Do note, that I am ignoring mass migrations. Normal immigration/repatriation levels will have some impact, but probably not significant in this view of things. Unless, perhaps, if combined with a declining birthrate. And, of course, some years the population values are estimates (if not most years). So, there is also going to be some statistical error in the bar heights. All get’s rather messy.

For interest’s sake, I am going to generate a histogram following an age group over time. At least I hope I am. So, I will take the 40-44 age group in Japan’s 2011 population. Go back in time to get them when they were in the 0-4 age group. Then plot their total population every 5 years thereafter. Might take me a bit of coding, but it might be fun to have a look. For the purposes of this exercise, I am starting a new module, pop_over_time.tst.py(), in my play folder.

And, here’s the result. We’ll get into the code shortly.

histogram of population, Japan, for age group 0-4 in 1971 over time

Plotting Population Over Time

Getting Data

To start with I wrote a function that called database.population.get_crs_years_one() repeatedly to get the population count for the specified country, year and age group. Incrementing the year (+5) and age group (+1) appropriately until I had 21 years of data. This went rather slowly. As I decided to look at other countries, I added a new function to database.population, get_grp_105_yrs(), which did the work with a single pass through the CSV file and terminated when it had all the data for the country in question. I added a quick test to pop_over_time.tst.py() to time the two approaches. The result shows the single pass was effectively 21 times faster. Which makes sense as in the repeated call case the file had to be read to a similar location 21 times rather than just once. So, I won’t bother showing you the code for the first approach.
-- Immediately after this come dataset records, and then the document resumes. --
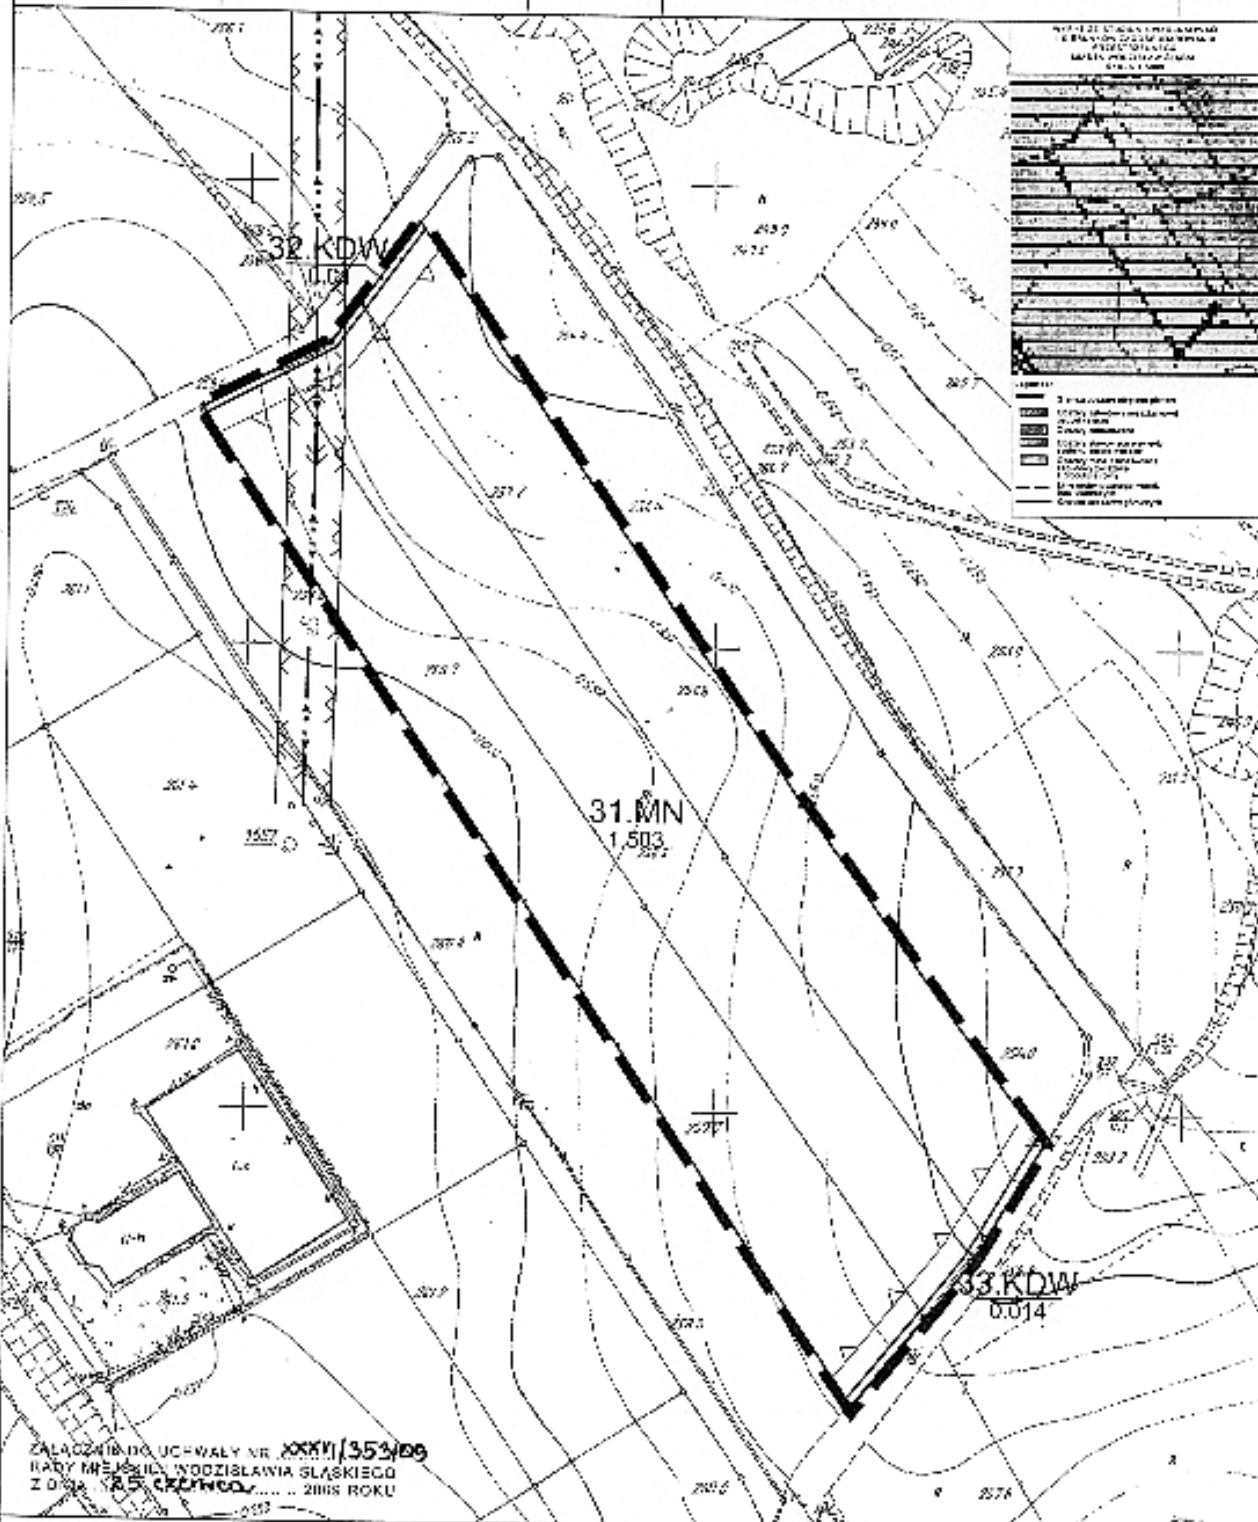

0 m 50 M

skala 1:1000

Miejscowy plan zagospodarowania przestrzennego
miasta Wodzisław Śląski, dla pojedynczych działek,
zlokalizowanych w różnych dzielnicach miasta.

ARK. NR
21

ZALĄCZNIK DO UCHWAŁY NR XXXVI/353/09
RADY MIEJSKIEJ WODZISŁAWIA ŚLĄSKIEGO
Z DZIAŁ. 2.5. Czynności... z 2009 ROKU

- LEGENDA:**
OROWIAZUJĄCE USTALENIA PLANU:
- Granica obszaru objętego planem
 - Linia rozgraniczenia terenów
 - Niezakończona linia zabudowy
 - MN Teren zabudowy mieszkaniowej jednorodzinnej
 - KDW Teren dróg wewnętrznych

- ELEMENTY NIE OBJĘTE USTALENIAMI PLANU:**
- Granica strefy oddziaływania linii energetycznej średniego napięcia
 - Śred. napow. średniego napięcia

0 m 50 M

PRZEWODNICZĄCY
RADY MIEJSKIEJ
WODZISŁAWIA ŚLĄSKIEGO

Lech Litwora

www.geoplan.com.pl

(base-3.8) PS R:\learn\py_play> python.exe r:/learn/py_play/population/play/pop_over_time.test.py -c japan -t 2

Test #2: Timing Test of 2 Functions to Get Data

1 execution of get_pop_sequence_years(Japan, 1971):
        time diff: 1603054024.7100115 - 1603053979.0318797 = 45.67813181877136
        time_ns diff: 1603054024710011500 - 1603053979031879800 = 45678131700

1 execution of pdb.get_grp_105_yrs(Japan, '1971', LABELS):
        time diff: 1603054026.976006 - 1603054024.7100115 = 2.2659945487976074
        time_ns diff: 1603054026976006100 - 1603054024710011500 = 2265994600

Let’s start with the new function in database/population.py, get_grp_105_yrs(). It takes 3 parameters, the country, the first year to plot and a list of age group labels (they are not readily available in database/population.py.) You may recall we added the function get_agrp_lbls() to chart/chart.py in our earlier development. I thought about adding/moving that function to database/population.py, but for now am sticky with the status quo. Needless to say the function will have a lot in common with the one I was calling, get_crs_years_one(), in my initial function (the slow one).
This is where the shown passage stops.